(TASK TO COMPLETE): Please copy exactly the part of the records below that opens with the line containing "SINOPE 230 BIAŁY" and closes with the line containing "Argentina · Macho · Zaino · SP · 11/09/2006", leaving out any pictures.

(Extracted data entries):
━━━
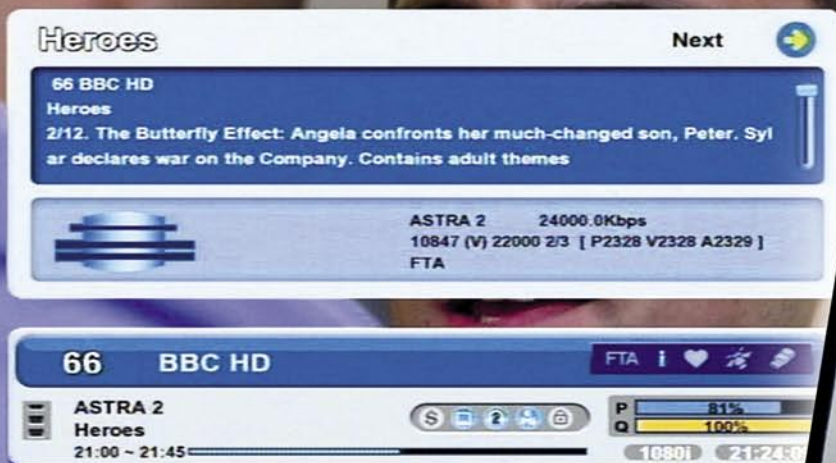

Je také dobré vidět kompletní podporu teletextu. Zde ve Velké Británii se pomalu vytrácí souběžně s posilující digitální konkurencí. Ve chvíli, kdy skončí naše analogové vysílání, zmizí i analogový teletext. Dokud ale běží, XT-9500HD nám dává na výběr mezi oběma možnostmi příjmu – buď pomocí vestavěného dekodéru v přijímači, nebo přes VBI v televizoru.

Jednoduché a jasné i EPG u XT-9500HD, když pomyslíme na běžné a omezující „ted a další“. Tlačítka umožňují posun dopředu a dozadu po 24 hodinách, takže možná

naleznete na některých místech podrobné informace, ačkoli mně se to nepodařilo nikde, kde byla tato funkce během testů dostupná. EPG odkazuje i na časovač, kde jsou dostupné funkce pro zapnutí a vypnutí společně s možností přepnout požadovaný kanál v požadovanou dobu.

Závěr

Ačkoli zde nejsou nalepeny žádné kejkle nebo extra funkce, jako například hry, dělá tento přijímač to, co má a umí to
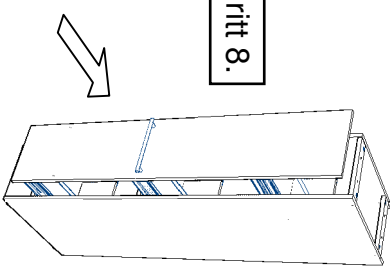

Schritt 1.

Schritt 4.

Schritt 5.

Schritt 2.

Man muss 2 Stk. Soft-Close Funktionalität (TL 04) bei Markierbohrungen an die linke Seite befestigen.

Schritt 3.

Schritt 6.

Achtung: nur einseitig montieren!

Die Einstellung der Front wird über die TL02-Stange vorgenommen!
Wird TL02 nach rechts gedreht, dann wird Front senkrecht eingestellt.
Wird TL02 nach links gedreht, dann wird Front waagrecht eingestellt.

Schritt 7.

Schritt 8.
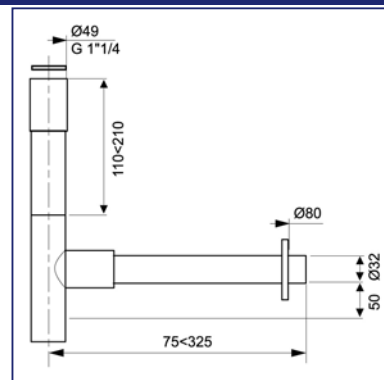

Сифон "Цилиндр" 1 1/4 x 32 без выпуска, латунь

Арт. Штрих-код
31570004 337553906789 1

Упаковка
коробка
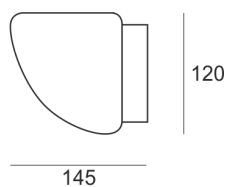

SINOPE 230 BIAŁY

— C0-C180 - - - - C90-C270

- IP: 40
- Color temperature:
- Luminous flux: lm

Name	Code	Colour	Voltage supply	Luminaire wattage	Light source type	Handle
SINOPE 230-BIAŁY	CS19111	white	230V	1x46W	AQ60	E27
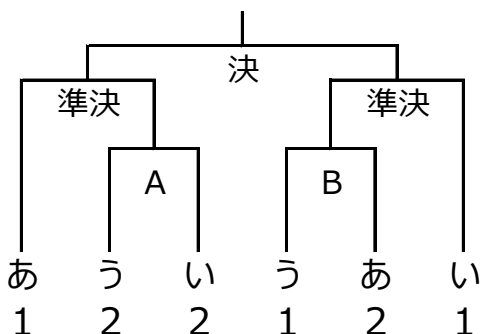

第18回 クリスマスファミリー大会 トーナメント表

ファミリー ドラえものの部
(低学年)
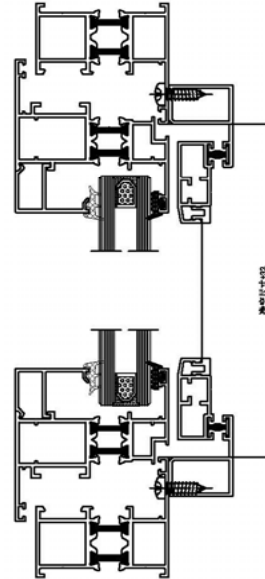

测量审核签字

外视图

SCALE 比例

上海杰号建材有限公司

上海杰号纱窗

- ▶ 产品描述:

内平开纱窗，适合于内开窗

- ▶ 产品优势:

外加与框侧，朝内开启安全稳定、清洗便捷

- ▶ 纱网选用:

选用PP\PET纱网

上海杰号纱窗

上海杰号建材有限公司

上海杰号纱窗

内平开纱窗

内平开尺寸测量方式
型材大面左右、上下各共加32mm

制图审核签字

测量审核签字

外视图

SCALE 比例

上海杰号纱窗

- ▶ 产品描述:

外平开纱窗，适合于内开窗

- ▶ 产品优势:
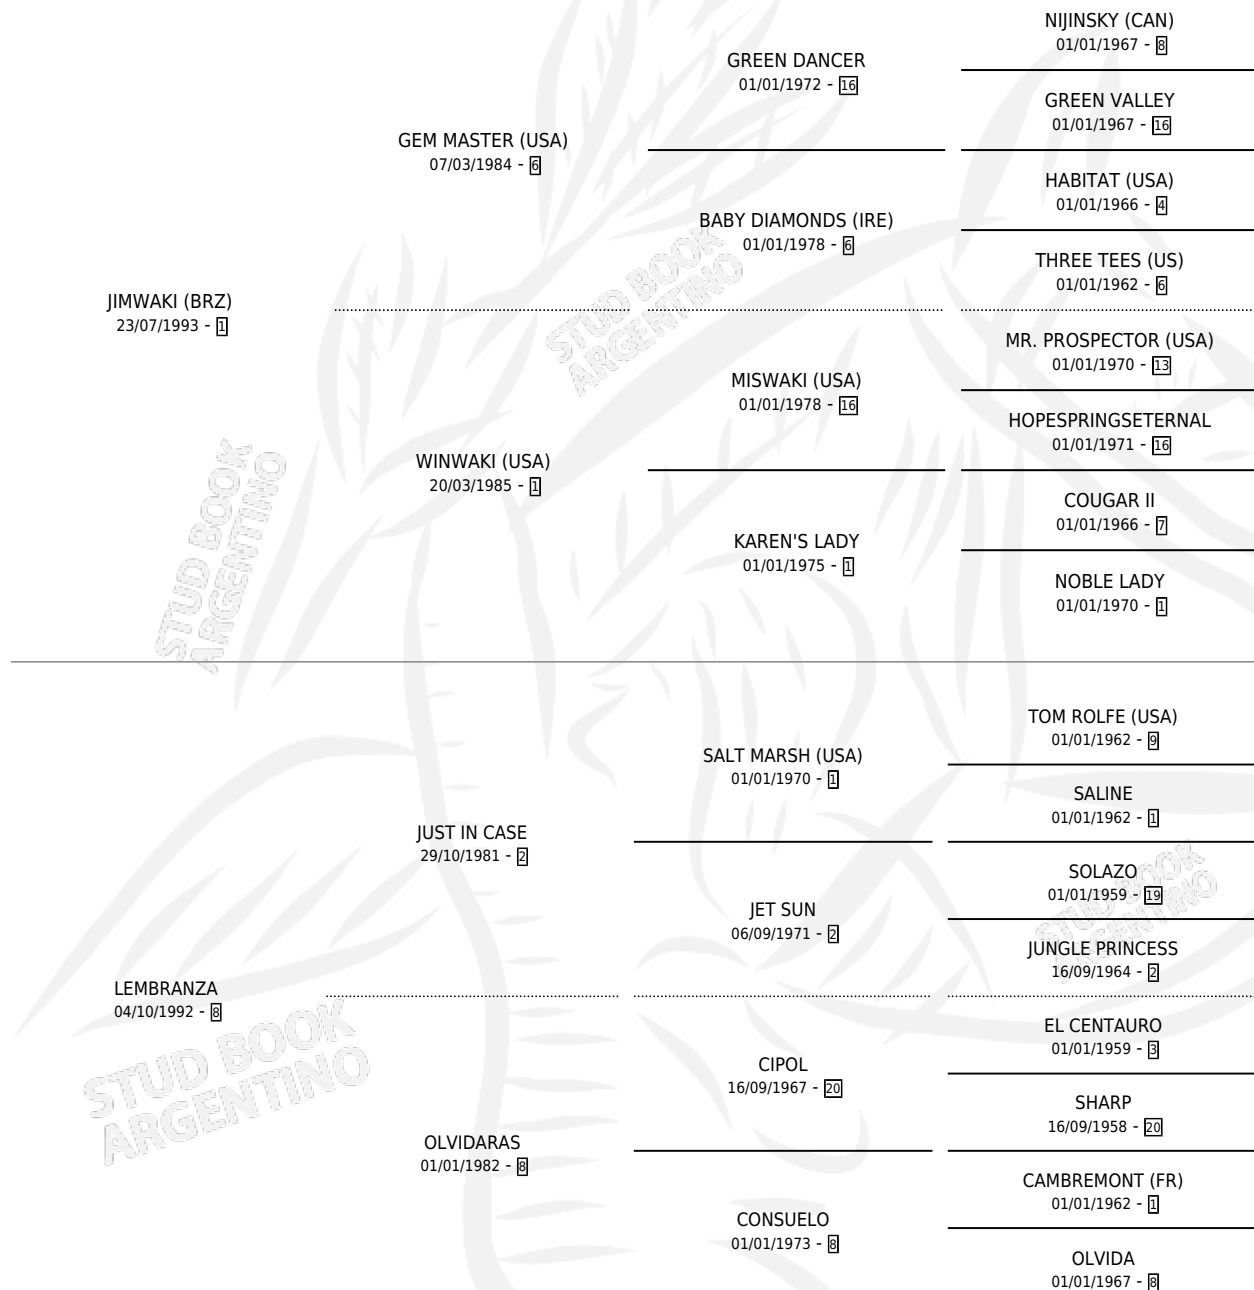

LENTINO

por JIMWAKI (BRZ) y LEMBRANZA por JUST IN CASE

Argentina · Macho · Zaino · SP · 11/09/2006
Familia 8-j · Volumen 39

ESTADO

TIPIFICACIÓN SANGUÍNEA	X
TIPIFICACIÓN POR ADN	X
PASAPORTE	X
IDENTIFICACIÓN POR MICROCHIP	X
REPRODUCTOR	X

Lugar de nacimiento: Altos Del Salado
Criador: Germann Carlos

PEDIGREE

LENTINO

Datos oficiales del Stud Book Argentino

Documento generado el 06/05/2026

studbook.org.ar
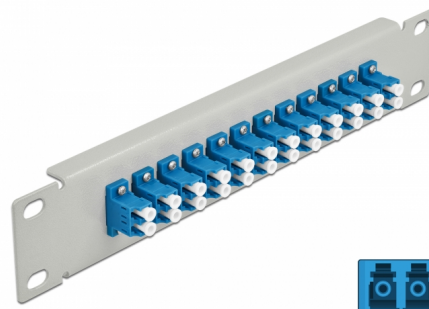

Delock Panel de conexión de fibra óptica de 10" de 12 puertos LC Duplex azul 1U gris

Descripción

Este panel de conexión de Delock está equipado con doce acopladores de fibra óptica LC Duplex y es adecuado para su instalación en un gabinete de red de 10". Con los acopladores LC Duplex, pueden enlazarse los conectores macho de fibra óptica fácilmente entre sí.

Número de elemento 66786

EAN: 4043619667864

Pais de origen: China

Paquete: Box

Detalles técnicos

- Conectores:
 - 12 x LC Duplex hembra >
 - 12 x LC Duplex hembra
- Para fibra monomodo
- Manga de cerámica
- Con tapa para el polvo
- Color: azul
- Para montaje en gabinete de red de 10", 1U
- 12 puertos con acopladores LC Duplex
- Material de la carcasa: metal
- Carcasa color: gris
- Dimensiones (LAXANxAL): aprox. 254 x 44 x 10 mm

Contenido del paquete

- Panel de conexión de fibra óptica de 10"

Image

Interface

Conector 1:	12 x LC Duplex hembra
Conector 2 :	12 x LC Duplex hembra

Physical characteristics

Carcasa color:	negro
Material de la carcasa:	metal
Longitud:	254 mm
Width:	44 mm
Height:	10 mm
Color:	azul
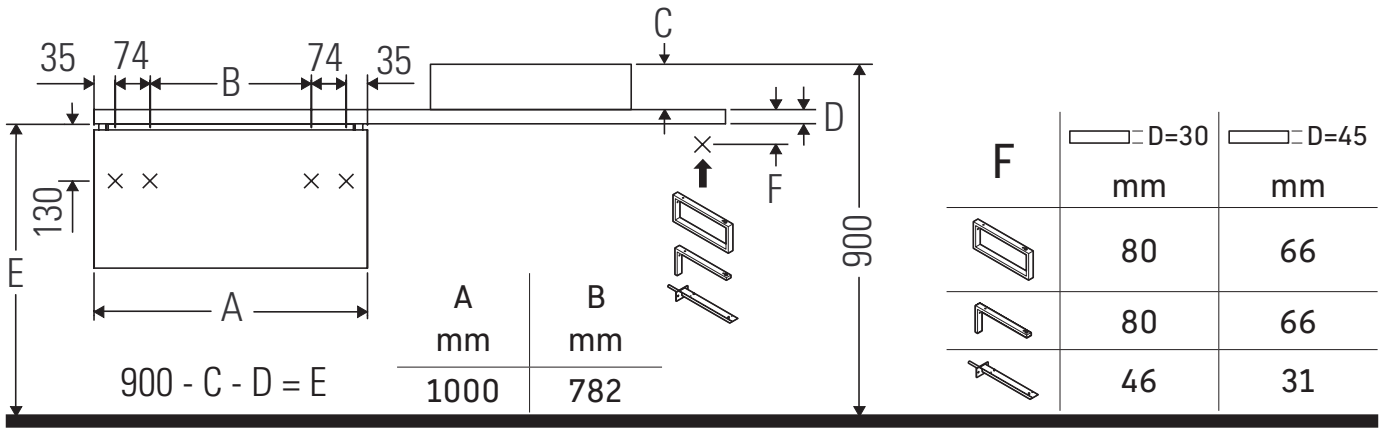

DuraStyle

DS 5304

Montaj Kılavuzu

Delik ölçülerine dikkat ediniz!

Diğer bütün montaj kılavuzlarına dikkat ediniz!

Kullanımla ilgili açıklamalar

Banyo mobilyası serisi teslimat sırasında geçerli olan standartlara ve direktiflere uygundur ve banyolar içinde kullanım için tasarlanmıştır. Banyo mobilyasının, örn. duş alınırken doğrudan suyla temas etmesi önlenmelidir.

600 mm'den geniş seramikler duvara sabitlenmelidir.

Resimlerde gösterilen ürünlerde teknik iyileştirme ve görünüm değişiklikleri yapma hakkımız saklıdır.
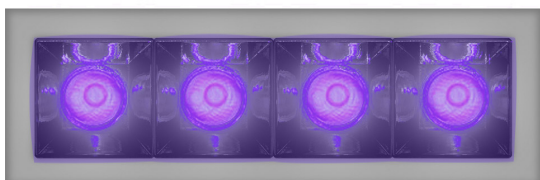

Sharp - 4 optic unit - 11W - 36° Violet Integralis Trim Argento

Carlotta de Bevilacqua

DESCRIZIONE

Sistema ottico brevettato ad alta efficienza che associa un'ottica polinomiale a ad un elemento che scherma geometricamente l'angolo di visione del fascio. Elevata uniformità di illuminamento e pieno controllo dell'emissione. Completa assenza di possibili difetti luminosi come macchie e multiombra. Profondità di incasso 60 mm. Adatto ad un soffitto da 1 a 25 mm. Disponibile nelle versioni trim, trimless e SMD.

IP20 

CODICE PRODOTTO: AF10705IN4

CARATTERISTICHE

- Codice articolo: **AF10705IN4**
- Colore: **Argento**
- Installazione: **Incasso**
- Serie: **Architectural Indoor**
- Ambiente di utilizzo: **Interni**
- design by: **Carlotta de Bevilacqua**

DIMENSIONI

- Lunghezza: **cm 16.4**
- Larghezza: **cm 5.5**
- Altezza: **cm 5.5**

LUMINAIRE

- Watt : **11W**
- Flusso Radiante: **3495mW**
- CRI: **90**

Note

Louvres e alimentazione a 900mA SELV forniti a parte. (Necessari per l'installazione)

Louvres 4x Bianco AF95201

Louvres 4x Nero AF95204

NO
IMAGE
AVAILABLE

Driver 19,8W 900mA - 220-240Vac - 125x38x23 (LxWxH) - 4x Optic Units - Min Ceiling depth 60mm - Undimmable DV1002

Kit lenti grazer con emissione Sharping (4 pz.) Kit lenti ellittiche 26°x70°. Deve essere utilizzato sopra i riflettori S 20° per ottenere un fascio ellittico (asse maggiore lungo la lunghezza del modulo) AF06000
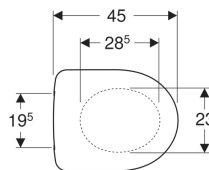

WC sedátko Geberit Selnova, upevnění zdola

Obrázek s příkladem

Materiál

Duroplast

Technické údaje

Pol. č.	Barva / povrch	Automatika spuštění	Upevnění	Materiál závěsu
500.331.01.1	Bílá	Ne	Zesponu	Nerezová ocel
━━━
(RESPONSE TO THE EXERCISE):
SINOPE 230 BIAŁY

— C0-C180 - - - - C90-C270

- IP: 40
- Color temperature:
- Luminous flux: lm

Name	Code	Colour	Voltage supply	Luminaire wattage	Light source type	Handle
SINOPE 230-BIAŁY	CS19111	white	230V	1x46W	AQ60	E27

第18回 クリスマスファミリー大会 トーナメント表

ファミリー ドラえものの部
(低学年)

测量审核签字

外视图

SCALE 比例

上海杰号建材有限公司

上海杰号纱窗

- ▶ 产品描述:

内平开纱窗，适合于内开窗

- ▶ 产品优势:

外加与框侧，朝内开启安全稳定、清洗便捷

- ▶ 纱网选用:

选用PP\PET纱网

上海杰号纱窗

上海杰号建材有限公司

上海杰号纱窗

内平开纱窗

内平开尺寸测量方式
型材大面左右、上下各共加32mm

制图审核签字

测量审核签字

外视图

SCALE 比例

上海杰号纱窗

- ▶ 产品描述:

外平开纱窗，适合于内开窗

- ▶ 产品优势:

LENTINO

por JIMWAKI (BRZ) y LEMBRANZA por JUST IN CASE

Argentina · Macho · Zaino · SP · 11/09/2006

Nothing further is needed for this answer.